**Material for the task:**

>>>

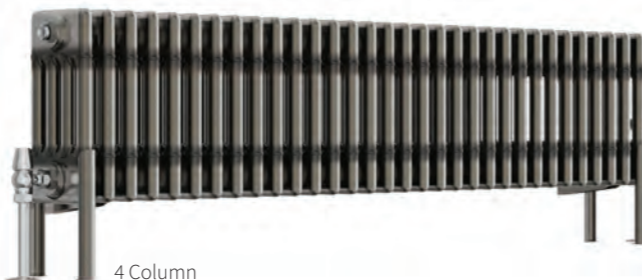

300 x 1460mm					
Columns	BTU	Projection	Pipe Centres	Product code	Price
4	4201	164mm	1550mm	16.PH3144RM	£755

THE TUNBRIDGE WELLS
Brassware Co.

Column radiators

B
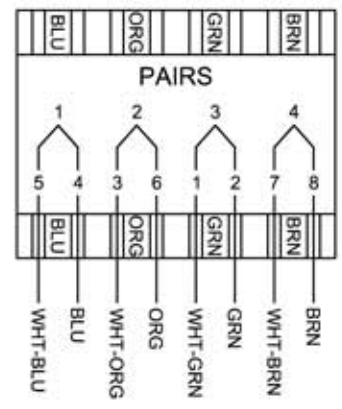

568A

568B

NOTES:  
 1. INCH [mm] DIMENSIONS ARE REF  
 2. UNIVERSAL WIRING FOR EITHER 568A OR 568B

ALLEN TEL PRODUCTS, INC.  
 30 TV5 DRIVE, HENDERSON, NEVADA 89014

**GB110-12WB**  
**12 PAIR WIRING BLOCK**
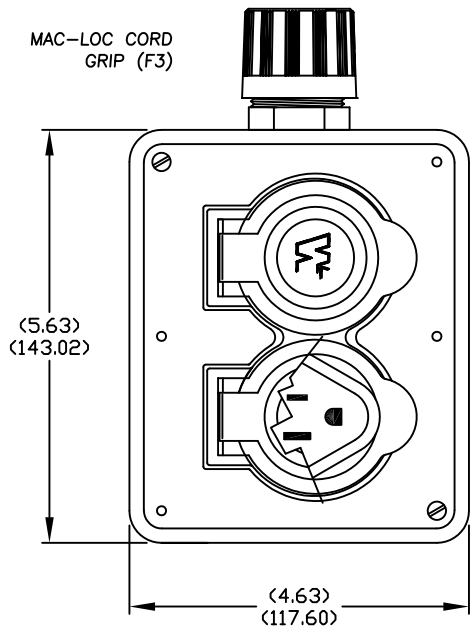

MAC-LOC CORD  
GRIP (F3)

WATERTITE  
COVERPLATES
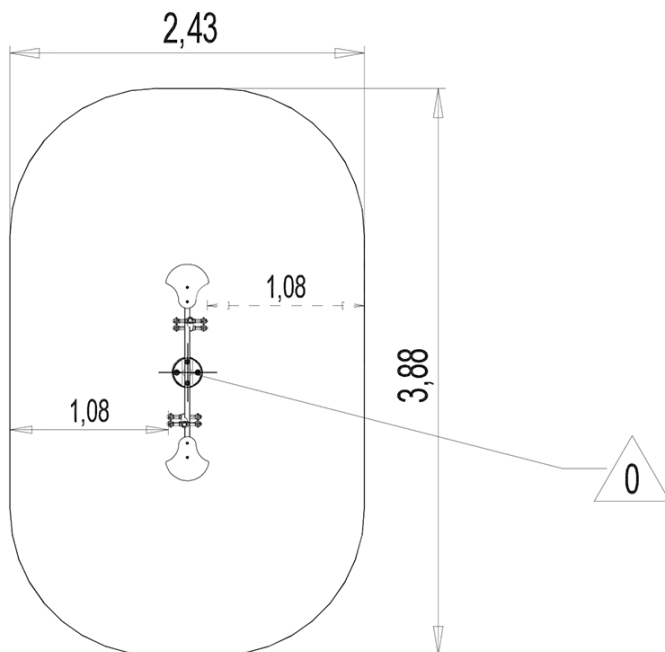

swinging

balancing

meeting / role play

Installation of equipment

Impact area =

-  Impact area
-  Free space

	
1	0,7m
	9m ²

1

<<<

**How to complete this task:**
Return the complete material exactly as it appears, without images.

**Result:**
300 x 1460mm					
Columns	BTU	Projection	Pipe Centres	Product code	Price
4	4201	164mm	1550mm	16.PH3144RM	£755

THE TUNBRIDGE WELLS
Brassware Co.

Column radiators

B

568A

568B

NOTES:  
 1. INCH [mm] DIMENSIONS ARE REF  
 2. UNIVERSAL WIRING FOR EITHER 568A OR 568B

ALLEN TEL PRODUCTS, INC.  
 30 TV5 DRIVE, HENDERSON, NEVADA 89014

**GB110-12WB**  
**12 PAIR WIRING BLOCK**

MAC-LOC CORD  
GRIP (F3)

WATERTITE  
COVERPLATES

swinging

balancing

meeting / role play

Installation of equipment

Impact area =

-  Impact area
-  Free space

	
1	0,7m
	9m ²

1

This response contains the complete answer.